2. Stoic: Stay very calm.
3. Positivist: Yes, I'm positive I want to rob this bank.
The impossible lives next door to the possible; people ring its door bell by accident all the time.
Best of things symbolised by Jocelyne's barbell:
"It's a symbol of the need for symbols."
"How life shrapnels us."
"Assistant bank manageress on the outside, primitive on the inside."
"Of whatever I feel like."
"That you can do stupid things at any point in your life."
You've got to try everything once, except those things you don't like, or that involve a lot of effort and getting up early.

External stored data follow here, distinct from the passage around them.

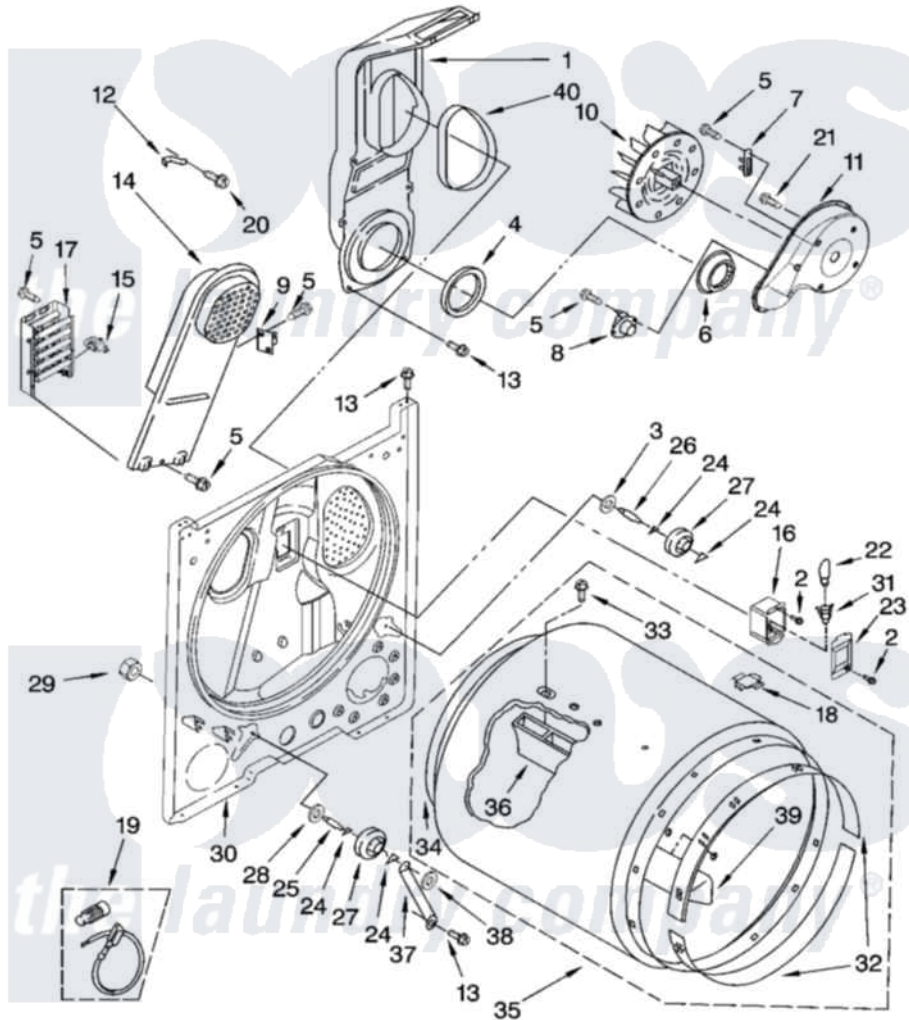

**Maytag MED5600TQ0 03 - BULKHEAD PARTS, OPTIONAL PARTS (NOT INCLUDED)**

**BULKHEAD PARTS**

For Model: MED5600TQ0  
(White)

W10116545

5

Maytag [Residential Maytag MED5600TQ0 Dryer Parts](#) Parts Diagram 03 - BULKHEAD PARTS, OPTIONAL PARTS (NOT INCLUDED)

[Click on the part number to view part](#)

Item	Original Part Number	Replaced By	Status	Part Description
1	<a href="#">348368</a>			Lint Chute Assembly
2	487909	<a href="#">488729</a>		Screw
3	<a href="#">3388703</a>			Washer, Support
4	<a href="#">347139</a>			Seal, Lint Chute
5	<a href="#">90767</a>			Screw, 8A X 3/8 HeX Washer Head Tapping
6	<a href="#">696302</a>			Shield, Exhaust
7	<a href="#">3392519</a>			Thermal Limiter
8	<a href="#">3387134</a>			Thermostat, Internal-Bias
9	3977393	<a href="#">279816</a>		Cutoff-Tml
10	<a href="#">694089</a>			Wheel, Blower
11	<a href="#">8577230</a>			Housing, Blower
12	3398161			CLIP
13	343641	<a href="#">681414</a>		Screw, 10AB X 1/2
14	<a href="#">8541818</a>			Box, Heater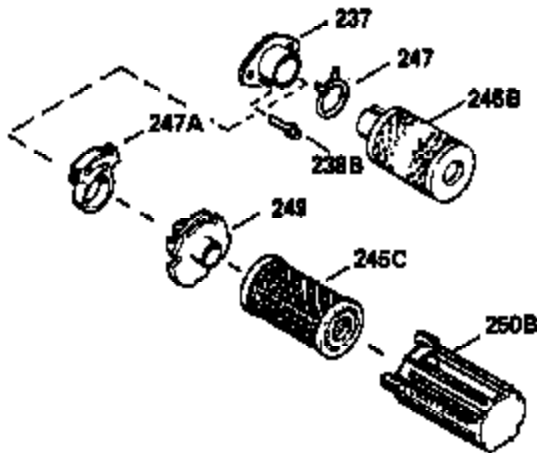

ILLUSTRATION SHOWS TYPICAL PARTS ONLY. ORDER BY PART NUMBER. PARTS NOT LISTED ARE SUPPLIED BY OEM.

VIEW 2 OF 2

Ref #	Part Number	Qty	Description
	92 650815		Belleville Washer
	93 650390		Flywheel Nut
189A	650911		Screw, Torx T-30, 1/4-20 x 5/8" (As r eq.)
189	650773		Screw, 1/4-20 x 1/2"
190	35831		Brake Lever
191	570658A		S.E. Brake Bracket
192	34966		Brake Control Link
193	34965		Brake Spring
197	32309		Retaining Ring
261A	650853		Screw, Torx T-30, 1/4-20 x 1/2"
261B	650854		Washer
285	590551		Starter Cup
287B			Rivet (Can be purchased locally)
329	610973		Terminal
350	570682		Primer Bulb
351	570656		Primer Line
357	36412		Starter Rope Retainer
390A	590420A		Rewind Starter (Refer to Division 5, Section C, page 25 or Fiche 23B, Grid G-11 for breakdown)

Jocelyne clicked her barbell on her teeth. I was watching her closely for signs of collapsing romance. Her tongue was pierced, (a process, she had elaborated, that had taken two weeks of painful healing) and it put me in mind of the tongue-piercing ceremony endured on October 28, 709 AD by the principal wife of Shield Jaguar, Blood Lord of Yaxchilan (Lintel 24); i.e. to my eye, pointless, but if it's good enough for the Mayans ...
Opening the fridge door, I found a rat eating the cheese. My dealings with rodents, particularly those tagged verminous, have been few, but generally the pattern has been one of man, the boss, the caretaker of creation, the namer, appearing and the lower orders hitting the road.